Information Concerning Reporting Requirements for Device User Facilities

Section 2(d) of Pub. L. 101–629 directed Secretary of Health and Human Services, during the 18-month period beginning on Nov. 28, 1990, to inform device user facilities (as defined in 21 U.S.C. 360i(b)(5)(A)) and manufacturers and distributors of devices respecting the requirements of 21 U.S.C. 360i(b), and, to the extent practicable, provide persons subject to such requirements assistance in the form of publications regarding such requirements.

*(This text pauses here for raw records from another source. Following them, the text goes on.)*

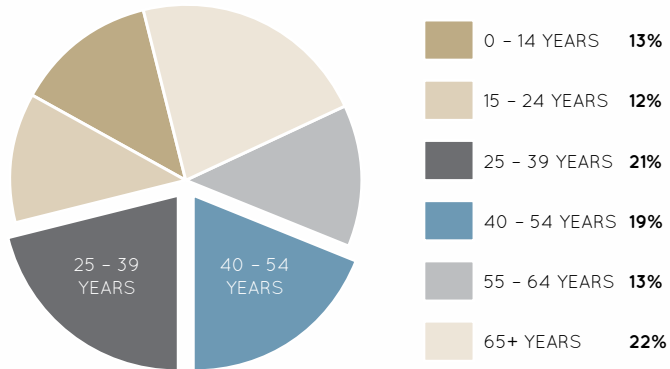

AGE PROFILE

Australia Fair is the shopping hub of the Gold Coast CBD, providing an appealing mix of retail, leisure and entertainment.

With the evolution of the official Southport CBD and an associated boost in local economic indicators, Australia Fair is capitalising on its central location to leverage incredible retail opportunities for those who share the vision in establishing themselves in a progressive, urban city centre.

KEY FEATURES

221

NUMBER OF RETAILERS*

265.5m

TOTAL ANNUAL SALES (\$)*

54,857

GROSS LEASABLE AREA (M2)*

2,111

Study of Reporting Requirements; Compliance by Device User Facilities; Actions by Manufacturers; Cost Effectiveness; Recommendations

Section 2(e) of Pub. L. 101–629 directed Comptroller General of the United States, not more than 36 months after Nov. 28, 1990, to conduct a study of compliance by device user facilities with the requirements of 21 U.S.C. 360i(b), actions taken by manufacturers of devices in response to reports made to them, cost effectiveness of such requirements and their implementation, and any recommendations for improvements to such requirements, with Comptroller General to complete the study and submit a report on the study not later than 45 months from Nov. 28, 1990, to appropriate committees of Congress.

Report to Congress on Reporting Requirements for Device User Facilities

Section 2(f) of Pub. L. 101–629 directed Secretary of Health and Human Services, not later than 36 months after Nov. 28, 1990, to prepare and submit to appropriate committees of Congress a report containing an evaluation of the requirements of 21 U.S.C. 360i(b), consisting of an evaluation of the safety benefits of the requirements, the burdens placed on the Food and Drug Administration and on device user facilities by the requirements, and the cost-effectiveness of the requirements and recommendations for legislative reform.

Section Referred to in Other Sections

This section is referred to in sections 331, 333, 352, 360c, 360e, 360g, 360j, 374 of this title.